Start of RECORDS FOR THE TASK

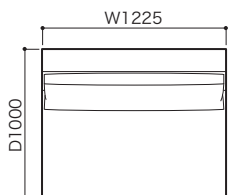

●平面図 1/50 (単位:mm)

2P

3P

ミニラウンジ

2P片肘左 (HI)

3P片肘左 (HI)

ミニラウンジ片肘左 (HI)

2P片肘右 (HI)
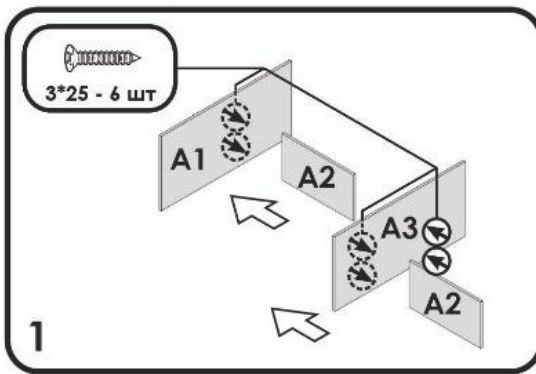

Домик Вероника / Луиза

Габариты изделия 982x622x300 мм (ВxШxГ)

Схема сборки
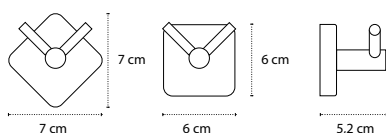

Acciaio inossidabile marca 304 AISI 18/10 – solidi e robusti, creati per servire per sempre. 100% di materiale solido con una perfetta finitura a specchio SENZA copertura galvanizzata. Acquisti ciò che vedi!

Acier inoxydable 304 AISI 18/10 – solides et massifs, conçus pour servir éternellement. 100% de matière solide avec une finition miroir parfaite SANS revêtement galvanique. Ce que vu vois est ce que tu achètes!

Stainless steel 304 AISI 18/10 – solid and massive, made to last forever. 100% solid material with a perfect mirror finish and NO galvanic coating. What you see is what you get!

Ανοξείδωτος χάλυβας 304 AISI 18/10 - προϊόντα συμπαγή και στέρεα, φτιαγμένα για παντοινή χρήση. 100% στέρεο υλικό με τέλειο φινίρισμα καθρέφτη ΧΩΡΙΣ γαλβανική επίστρωση. Αυτό που βλέπεις, αυτό αγοράζεις!

Installazione con adesivo 3M VHB o con viti

Installation avec adhésif 3M VHB ou avec des vis

Installation with adhesive tape 3M VHB or screws

Τοποθέτηση με ταινία 3M VHB ή με βίδες

4202

| 23,90 €

Cod. 5206836571867

Appendino doppio • Double crochet • Double hook • Άγκιστρο διπλό

4209

| 19,90 €

Cod. 5206836571850
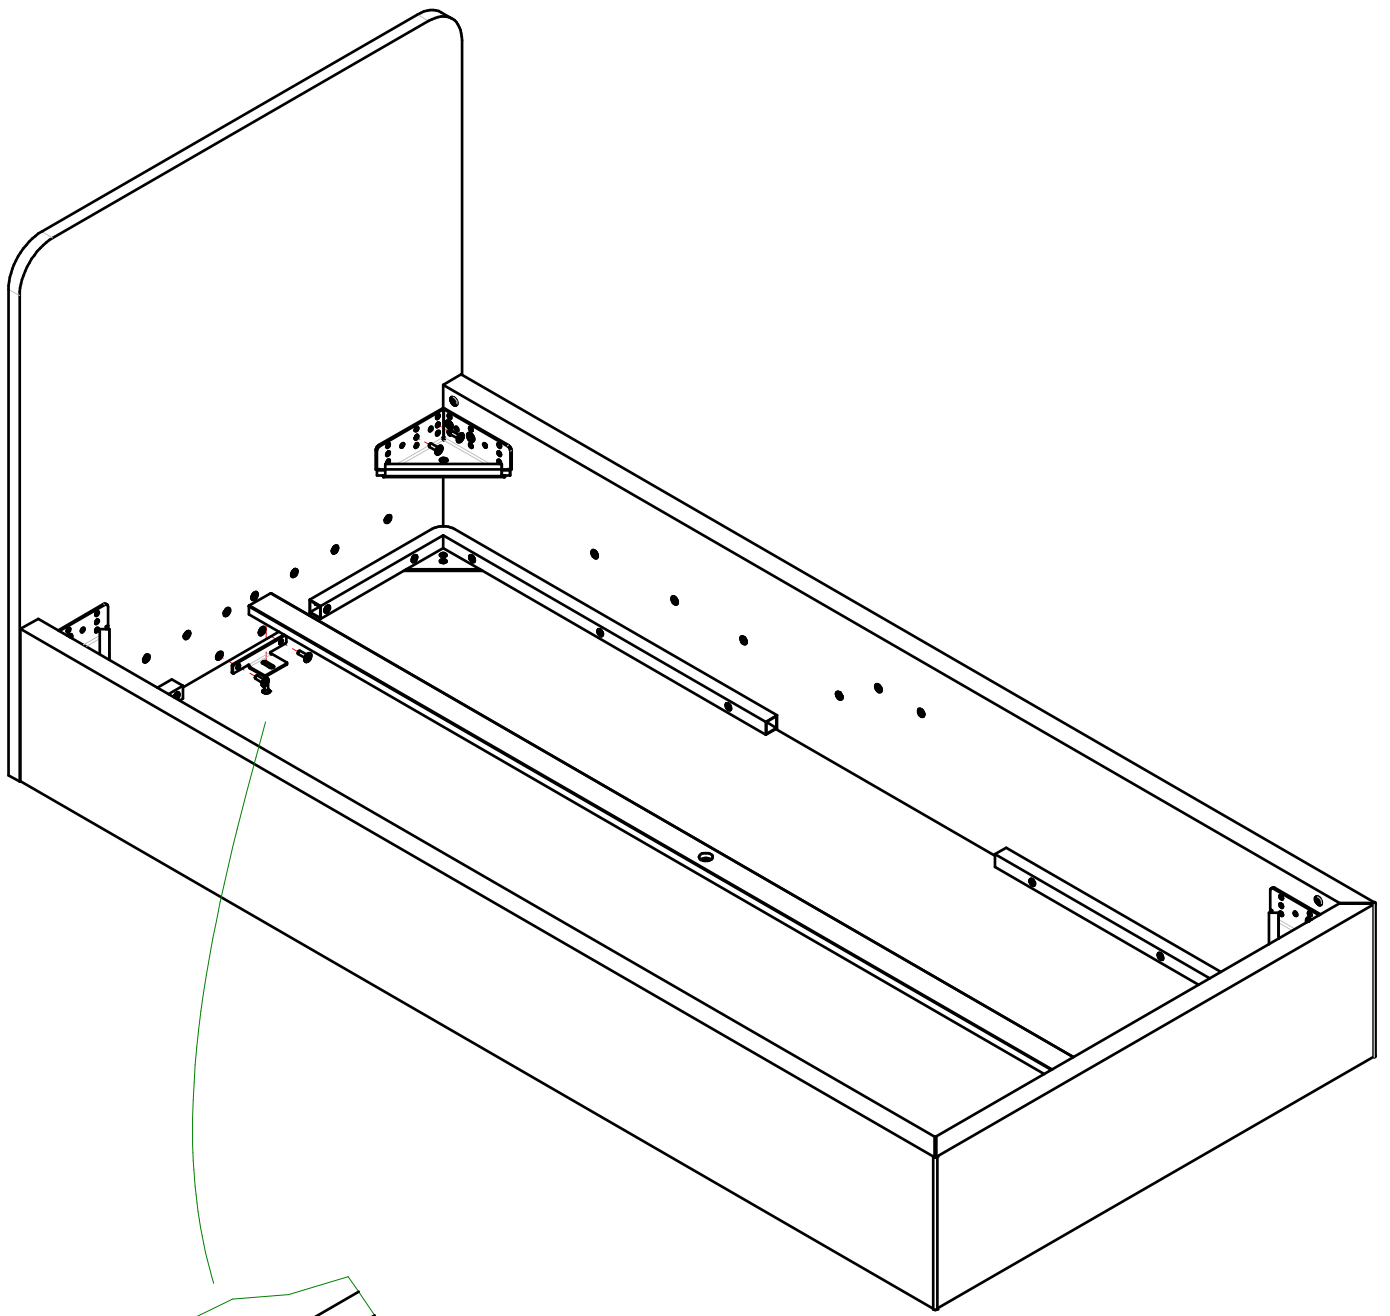

080005131 - SFR_Fissaggio Gambe Letti			
200000931 Bl.Vt.TC-MA M10x25_DNT_Es_FSC	N°4		Z

080006468 - SFR_Fissaggio Pediera Wood			
200003308 Perno Giunzione Angolare	N°4		R
200003307 Grano M10x12,2	N°8		V

PIEGARE

cod. 200004582 - 200004583

articoli E - F

1

2

G

1

2
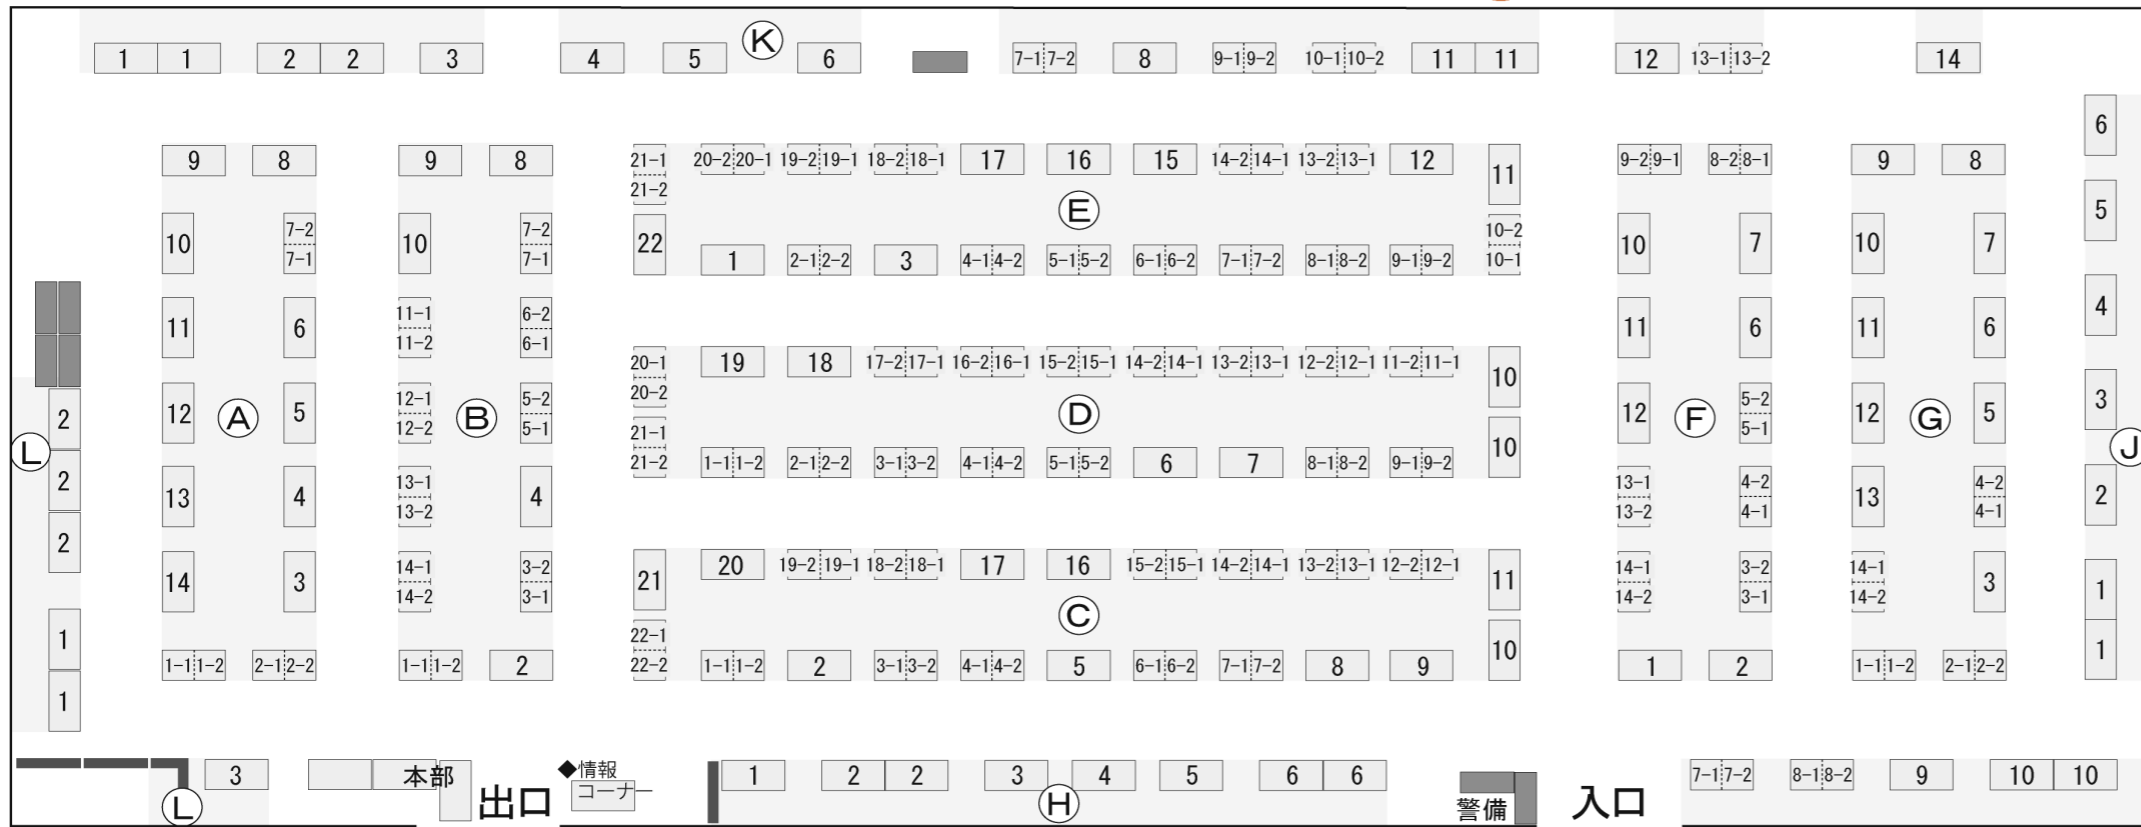

ドールアニマルワールドフェスティバル 2026 会場案内

You can't take pictures at shops with this sign.

ブース	出展名
A 1-1	おはりに堂
A 1-2	Emma
A 2-1	chouchou
A 2-2	TEARDROPS
A 3	Rembrandt Dolls & Cherie fleur
A 4	Bon Bon ま〜ちい
A 5	Alenka & Legate
A 6	Émue
A 7-1	タニコシナツコ 人形とぬいぐるみ
A 7-2	SOUVENIR DROP
A 8	ノックプラッツ (羽関オフィス)
A 9	NPO 法人 現代人形文化研究会
A 10	Parade (パレード)
A 11	France Quilt & Brocante Sari
A 12	blanc antique プランアンティーク
A 13	ma poupee
A 14	Enomoto
B 1-1	kino
B 1-2	chaco♡choco
B 2	オカムラ ノリコ
B 3-1	GAN
B 3-2	スズキユウコ
B 4	ネジト博士
B 5-1	NANOHANA
B 5-2	アコネスのおもちゃ箱
B 6-1	thirdary

End of RECORDS FOR THE TASK

PROMPT | Could you copy, exactly and with no pictures, each line from the first one above to the line holding "Stainless steel 304"?

ANSWER AREA |
●平面図 1/50 (単位:mm)

2P

3P

ミニラウンジ

2P片肘左 (HI)

3P片肘左 (HI)

ミニラウンジ片肘左 (HI)

2P片肘右 (HI)

Домик Вероника / Луиза

Габариты изделия 982x622x300 мм (ВxШxГ)

Схема сборки

Acciaio inossidabile marca 304 AISI 18/10 – solidi e robusti, creati per servire per sempre. 100% di materiale solido con una perfetta finitura a specchio SENZA copertura galvanizzata. Acquisti ciò che vedi!

Acier inoxydable 304 AISI 18/10 – solides et massifs, conçus pour servir éternellement. 100% de matière solide avec une finition miroir parfaite SANS revêtement galvanique. Ce que vu vois est ce que tu achètes!

Stainless steel 304 AISI 18/10 – solid and massive, made to last forever. 100% solid material with a perfect mirror finish and NO galvanic coating. What you see is what you get!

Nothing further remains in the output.